Про русскую литературу говорят, что она довольно депрессивная. Отечественные авторы в своих произведениях часто рассуждают об экзистенциальных вопросах, рассуждают о смерти, месте человека в мире, о маленьком человеке. Как вам кажется, что повлияло на тот образ? Справедлив ли он?

По-моему, мрачность в литературе связана не с национальностью, а с окружающей обстановкой и тем, что видит автор. Шекспир, например, в пьесах которого множество смертей, или Виктор Гюго с «Отверженными». Достоевский, в свою очередь, описывал реальность, которую он знал – каторгу, смертные приговоры, страдания бедных. В каждом времени и месте жизнь была примерно одинаковой: богатым хорошо, бедным плохо. Писатели всегда стремились отразить реальность, а не создавать мрачность ради мрачности.

В кинематографе существует понятие «русский финал» – мол, мы любим, когда конец фильма трагичен. В Европе якобы зрители любят счастливые финалы. Однако в реальности наши соотечественники предпочитали индийское кино и фильмы с более позитивным исходом, что опровергает этот стереотип.

С другой стороны, это не отменяет того, что нормальный пишущий человек видит недостатки, видит мрачное, плохое. Он не может об этом не писать, вне зависимости от нации.

То есть писатели, как правило, направляют внимание не неблагополучного человека?

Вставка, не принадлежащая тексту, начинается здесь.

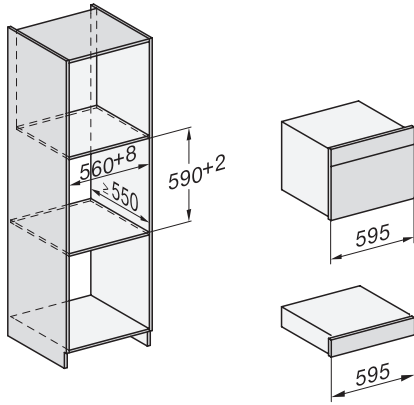

Nahrievač Gourmet bez rukoväti s výškou 14 cm

na nahrievanie riadu, zachovanie teploty jedla a prípravu pri nízkej teplote.

Installation_DG_DGM_DGC_XL_ESW7x10_EVS7010, installation drawings

ESW7x10, EVS7010, DG7x4x, DGM7x4x installation drawings
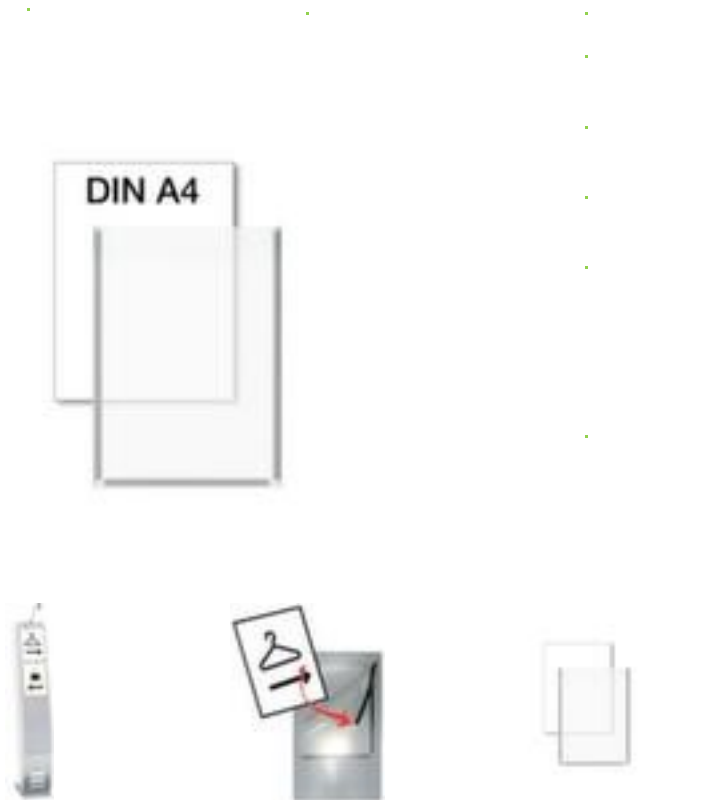

porte-affiches pour présentoir

hauteur x largeur 297 x 210 mm, en transparent

lot 2 pièce

Numéro d'article: 401678

Porte-affiches

extension pratique pour présentoir

porte-affiches pour présentoir

- hauteur x largeur 297 x 210 mm
- en plastique
- en transparent

Détails techniques

équipement d'information	accessoires	largeur	210 mm
Accessoires pour	présentoir	matériau	plastique
format	DIN A4	couleur	transparent
hauteur	297 mm	Poids	0,32 kg

Cela s'adapte aussi ...

148338		fauteuil, revêtement en similicuir en noir, hauteur 770 mm
532614		système de guidage des personnes, avec 1 courroie(s), longueur de courroie 2 m, montant hauteur x diamètre 985 x 70 mm, courroie en ruban tissu, montant en aluminium avec revêtement coloris noir
700060		tapis d'entrée, convient pour intérieur, longueur x largeur 900 x 600 mm, surface de roulement en polypropylène, chiné coloris anthracite
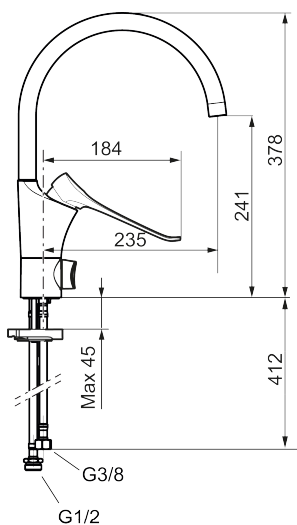

Unika egenskaper

Skyddsmodul
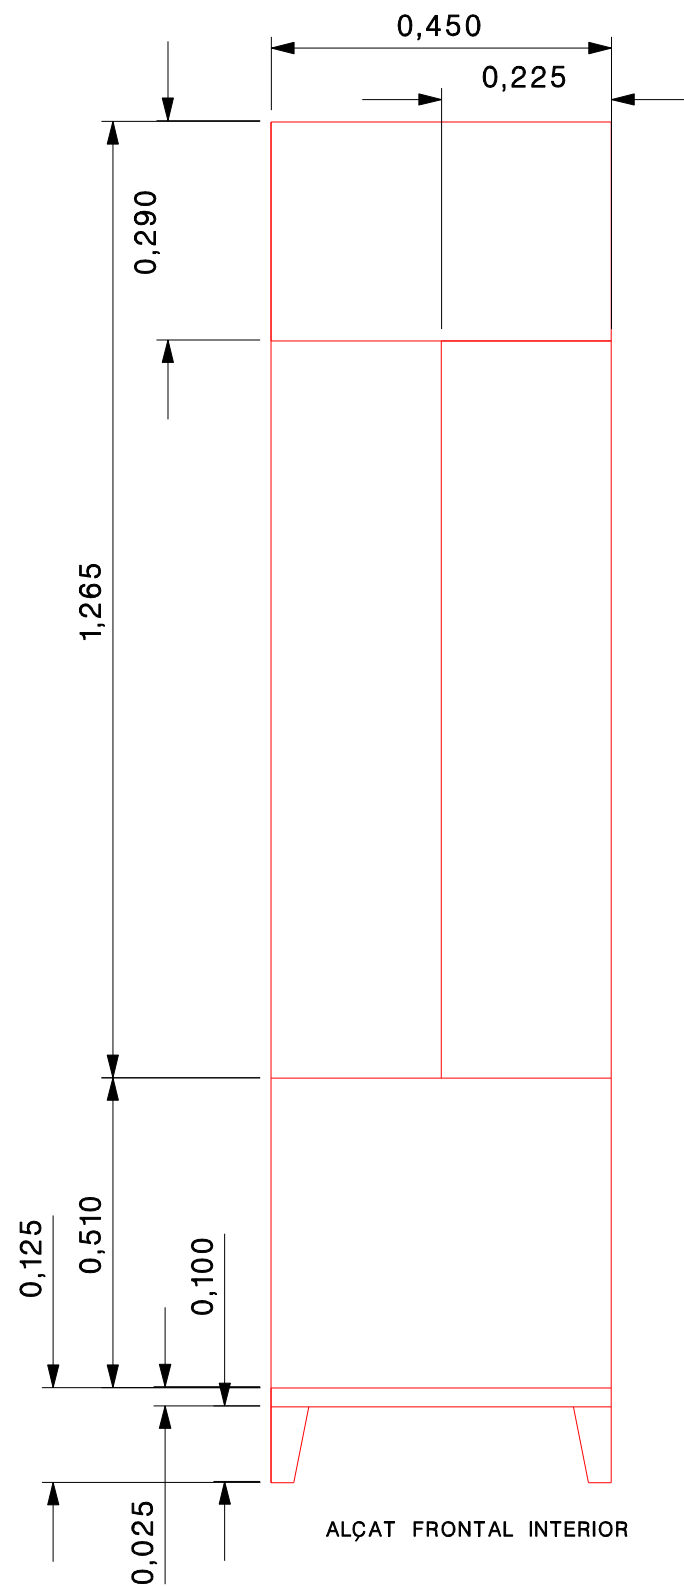

ALÇAT FRONTAL EXTERIOR

ALÇAT LATERAL EXTERIOR

ALÇAT FRONTAL INTERIOR

PLANTA

ARMARI TAQUILLA DE 70CM AMB BANC

Parcs i Jardins

ALÇAT FRONTAL INTERIOR

ALÇAT LATERAL EXTERIOR

PERSPECTIVA

PLANTA

ARMARI TAQUILLA AV45/I ESP. POTES

Parcs i Jardins
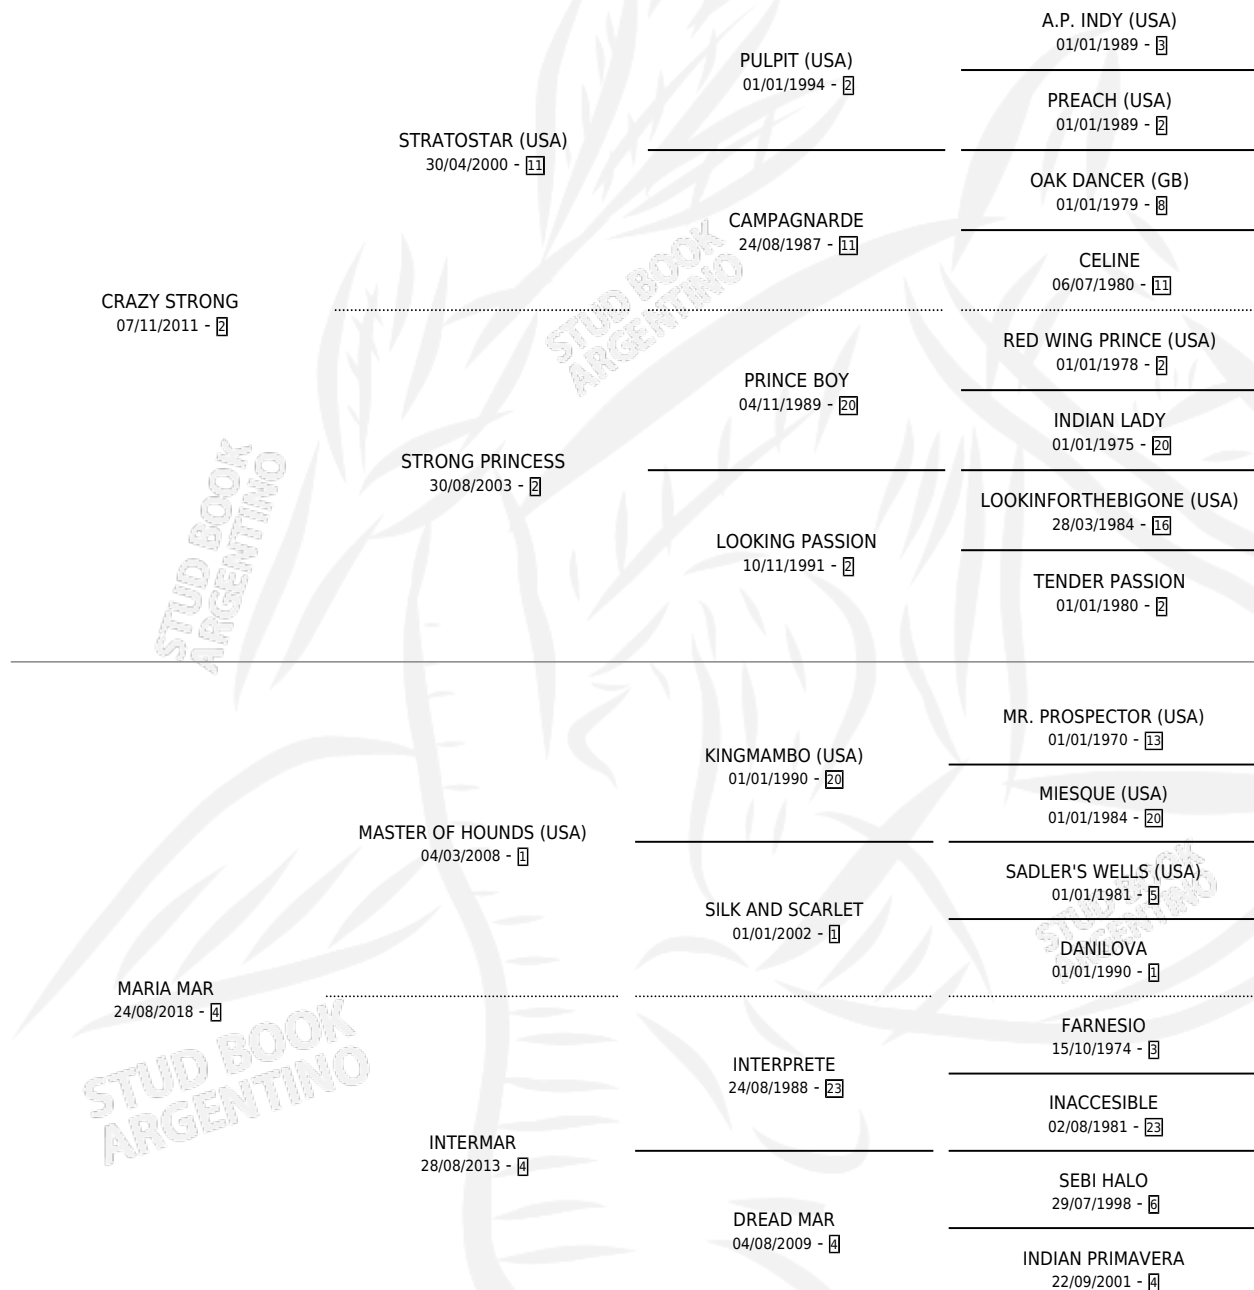

ESTAS CRAZY MARIA

por **CRAZY STRONG** y **MARIA MAR** por **MASTER OF HOUNDS (USA)**

Argentina · Hembra · Zaino · SP · 05/10/2024
Familia 4-m · Volumen 45

ESTADO

| | |
|------------------------------|---|
| TIPIFICACIÓN SANGUÍNEA | X |
| TIPIFICACIÓN POR ADN | X |
| PASAPORTE | X |
| IDENTIFICACIÓN POR MICROCHIP | ✓ |
| REPRODUCTOR | X |

Lugar de nacimiento: Loma Linda
Criador: Pujol Gabriel Pedro

PEDIGREE

ESTAS CRAZY MARIA

Datos oficiales del Stud Book Argentino

Documento generado el 12/05/2026

studbook.org.ar
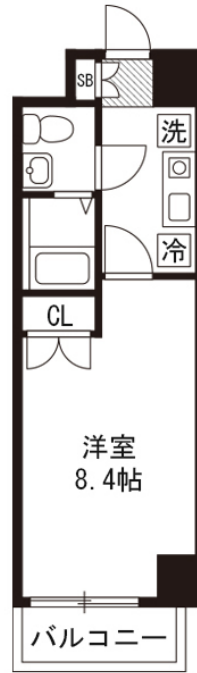

【スペシャルSALE】アットイン船橋

1

物件基本情報

住所	〒273-0005 千葉県船橋市本町1丁目11-3 JUMELLES京成船橋							
最寄駅	船橋駅(JR中央・総武線ほか) 徒歩 2分 東海神駅(東葉高速鉄道ほか) 徒歩 14分							
構造・間取	RC造 2013年01月築 1K 24.67㎡							
周辺環境	≪コンビニ≫ファミリーマートネクスト船橋店 徒歩 1分 ≪ドラッグストア≫くすりの福太郎船橋南口店 徒歩 1分 ≪その他買い物≫auショップネクスト京成船橋 徒歩 1分 ≪その他買い物≫IQスポットネクスト船橋 徒歩 1分 ≪本屋≫たちばな書店船橋店 徒歩 1分 ≪コンビニ≫ファミリーマート京成船橋駅下りホーム店 徒歩 1分 ≪ファーストフード≫吉野家京成船橋店 徒歩 1分 ≪コンビニ≫セブンイレブン船橋本町店 徒歩 1分							
主な設備	オートロック / エレベーター / 宅配ボックス / 光WiFi使い放題 / バス・トイレ別 / ガス給湯 / 温水洗浄便座 / 洗濯機 / 独立洗面台 / IHコンロ / 快速テレワーク / 24時間ゴミ出し可能							
駐車場 (オプション)	なし							
利用料金表	<table border="1"> <thead> <tr> <th>利用期間</th> <th>利用料 (賃料+水道光熱費)</th> <th>ルームクリーニング代</th> </tr> </thead> <tbody> <tr> <td>1ヶ月以上</td> <td>5,200 円/日</td> <td>48,400 円/契約</td> </tr> </tbody> </table>		利用期間	利用料 (賃料+水道光熱費)	ルームクリーニング代	1ヶ月以上	5,200 円/日	48,400 円/契約
利用期間	利用料 (賃料+水道光熱費)	ルームクリーニング代						
1ヶ月以上	5,200 円/日	48,400 円/契約						
住宅保険	<table border="1"> <tr> <td>ご利用料金</td> <td>830円/月 (不課税)</td> </tr> </table>		ご利用料金	830円/月 (不課税)				
ご利用料金	830円/月 (不課税)							
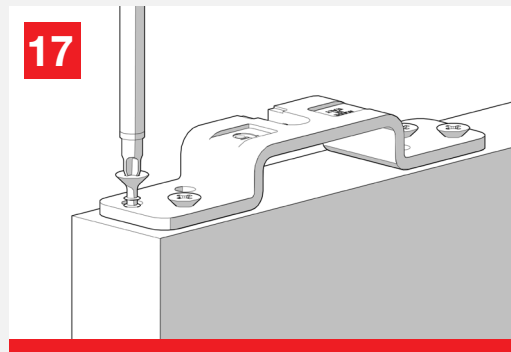

CLOSE THE DOOR SLOWLY AT FIRST AUTOMATIC LOAD AFTER INSTALLATION
CHIUDERE LA PORTA LENTAMENTE AL PRIMO CARICAMENTO AUTOMATICO DOPO L'INSTALLAZIONE
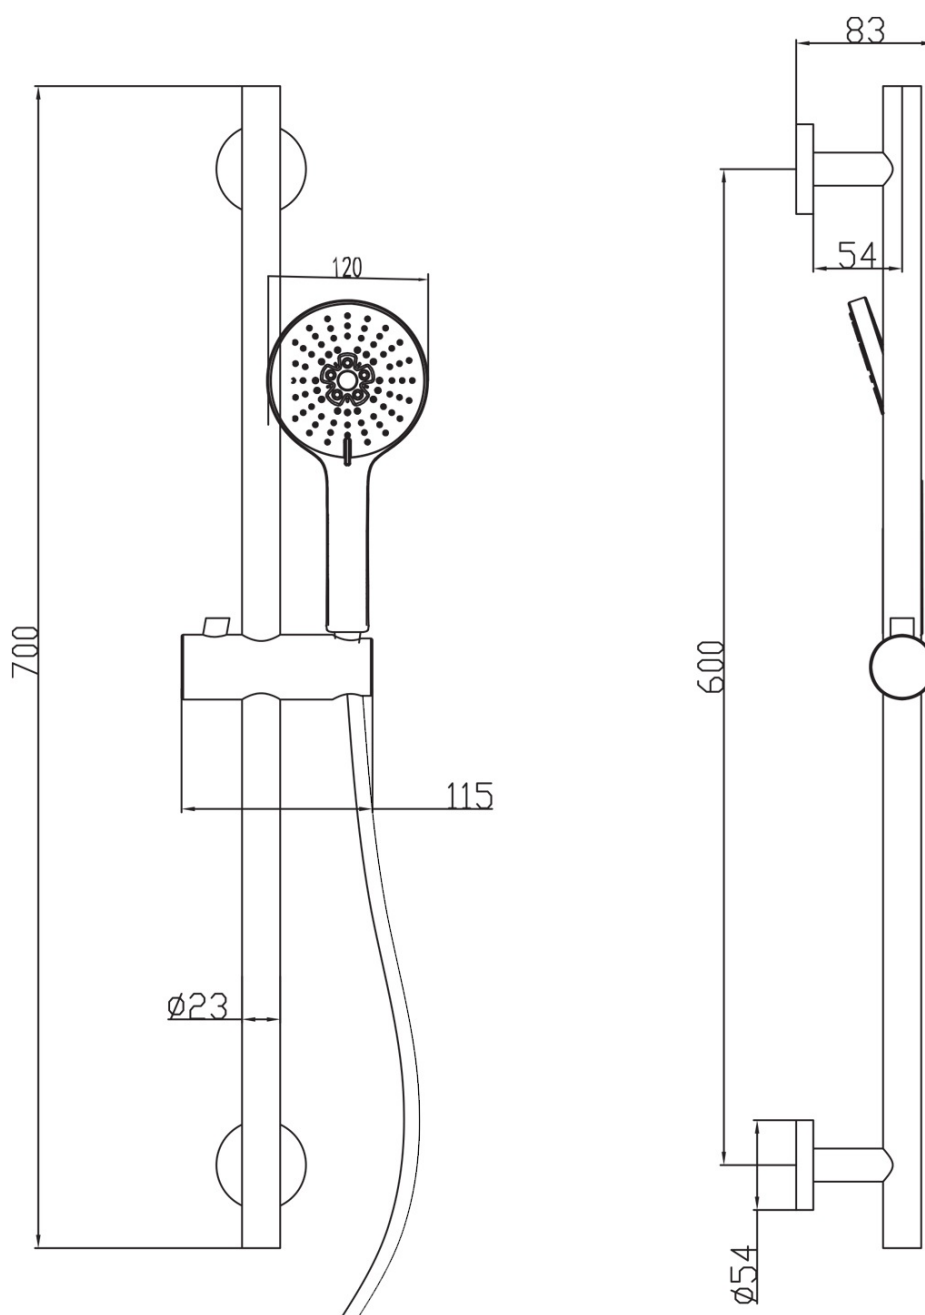

KAI Unterputz Duscharmatur mit Einhebelmischer, Drehschalter, 2 Wege, schwarz matt

 **SAPHO**

Bestellcode: KA43/15-02

Grundinformation

Marke: Sapho
Serie: KAI

Eigenschaften

Farbe: Schwarz mat
Material: Messing
Form: Rund
Installation: Unterputz
Steuerungsart: Hebel
Schaltertyp für Dusche: Drehbar
Kartusche-Durchmesser: 35 mm
Brausefunktionen: Regen
Ausstattung: AntiCalc, 2 Wege
Gewicht / Stück: 6.189 kg
Verpackung: 5 Stück
Garantie: 2 Jahre

Technisches Arbeitsblatt

KAI Unterputz Duscharmatur mit Einhebelmischer,
Drehschalter, 2 Wege, schwarz matt

 **SAPHO**

KAI Unterputz Duscharmatur mit Einhebelmischer,
Drehschalter, 2 Wege, schwarz matt

KAI Unterputz Duscharmatur mit Einhebelmischer,
Drehschalter, 2 Wege, schwarz matt
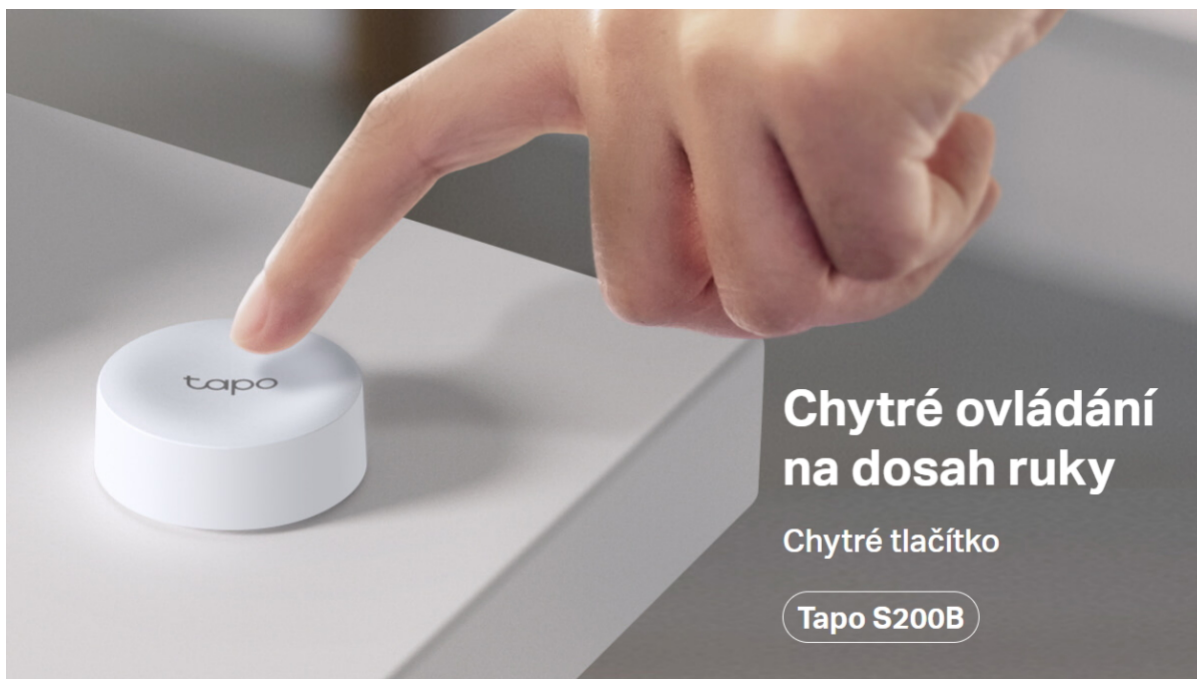

Záruka:

26 měs.

Stav:

Nové zboží

Popis

TP-Link Tapo S200B

Chytré tlačítko - Chytré ovládání na dosah ruky. Je vyžadován Tapo Smart Hub (H100).

- **Chytré tlačítko** - Ovládejte a nastavujte různá světla, elektroniku a další chytrá zařízení Tapo pomocí tlačítka.
- **Nastavitelné akce** - Jedno klepnutí, dvojitě klepnutí a otočení umožňují aktivovat několik akcí jediným tlačítkem.
- **Alarm na jedno kliknutí** - Členové rodiny si mohou díky tomuto zařízení zavolat pomoc v případě nouze.
- **Ovládání z více míst** - Ovládejte elektrická příslušenství z několika různých míst pomocí chytrých tlačítek Tapo.
- **Dlouhá životnost baterie** - Baterie vydrží déle než rok.

Chytré ovládání jedním kliknutím

Neobtěžujte se otevíráním aplikace nebo voláním na hlasového asistenta. Stačí kliknout na tlačítko a užít si rychlejší a jednodušší způsob ovládání chytrých světel. Umístěte dvě nebo více tlačítek na různá místa, aby bylo ovládání osvětlení vždy na dosah.

Ovládejte celý domov jedním tlačítkem

Spárujte všechna svá světla Tapo a zařízení pomocí jediného tlačítka pro jednoduché a praktické ovládání. Když jste na cestách, aktivujte režim Pryč jedním kliknutím a vypněte všechna připojená zařízení.

Dotek bezpečnosti

Nouzová pomoc je vzdálená pouhým kliknutím. Nainstalujte tlačítko Tapo Smart Button v blízkosti vany, toalety nebo postele, aby byl přístup vždy na dosah.

Váš nový chytrý zvonek

Sestavte si svůj systém chytrého zvonku instalací tlačítka Tapo Smart Button na dveře a spárováním se Smart Hub. Ztlumte a zapněte oznámení rychlým stisknutím tlačítka na rozbočovači.

Наблюдать за человеком, у которого все хорошо, обычно неинтересно. В социальных сетях полно банально-позитивных сообщении: «Я сегодня проснулась, потянулась, сейчас у меня кофеек» - это раздражает и не более. Но стоит кому-то начать рассказывать о своих проблемах, как это сразу привлекает внимание. Николай Владимирович Коляда обычно приводит пример: если на улице стоят две пары, одна дерется, а другая целуется, то люди будут следить за теми, кто дерется. Мы наблюдаем, потому что это вызывает эмоции, заставляет задуматься о собственной жизни и переживать за других. Зачем переживать за того, у кого все хорошо? Интереснее видеть, как человек борется за свое счастье, как он преодолевает трудности.

Россия в мире ассоциируется в Достоевским, Толстым, локально образ Урала сформировал Павел Петрович Бажов. Может, есть кто-то еще, кто по каким-то причинам остался в тени?

В Литературном квартале есть музей Федора Решетникова, который писал про Урал, про заводы. Конечно, у него была не самая простая жизнь: небогатая семья, попал под суд, пьянство, ранняя смерть.

А какие жанры литературы нас характеризуют?

Россия представляется в литературе по-разному, и мнения о ней разнообразны. Салтыков-Щедрин в «Истории одного города» подает историю страны в фантастико-сатирической манере, а Ломоносов, представитель Просвещения, писал о том, что мы должны быть лучше и образованнее ради процветания государства. Восприятие России зависит от взгляда каждого автора. Булгаков и Катаев, Гайдар и Бажов, писавшие примерно в одно время, изображают страну по-своему. Авторы пишут о том, что видят, и не всегда стремятся создать какую-то идентичность.

Как вам кажется, современный автор стал циничнее?

Современный автор стал более ранимым, поскольку изменился и читатель. Сегодня мы не можем прочитать даже классическое произведение, не анализируя персонажей и их травмы. Писатель стал деликатнее, опасаясь нарушить границы или сказать что-то лишнее. Он старается говорить приятности или выражать те неприятности, которые приемлемы.

В девяностых и нулевых циничные авторы были нормой, поскольку эпоха была жестокой и грубой. Это было необходимо, чтобы выжить. Писатели, такие как Сорокин или Пелевин, стали ответом на окружающий абсурд.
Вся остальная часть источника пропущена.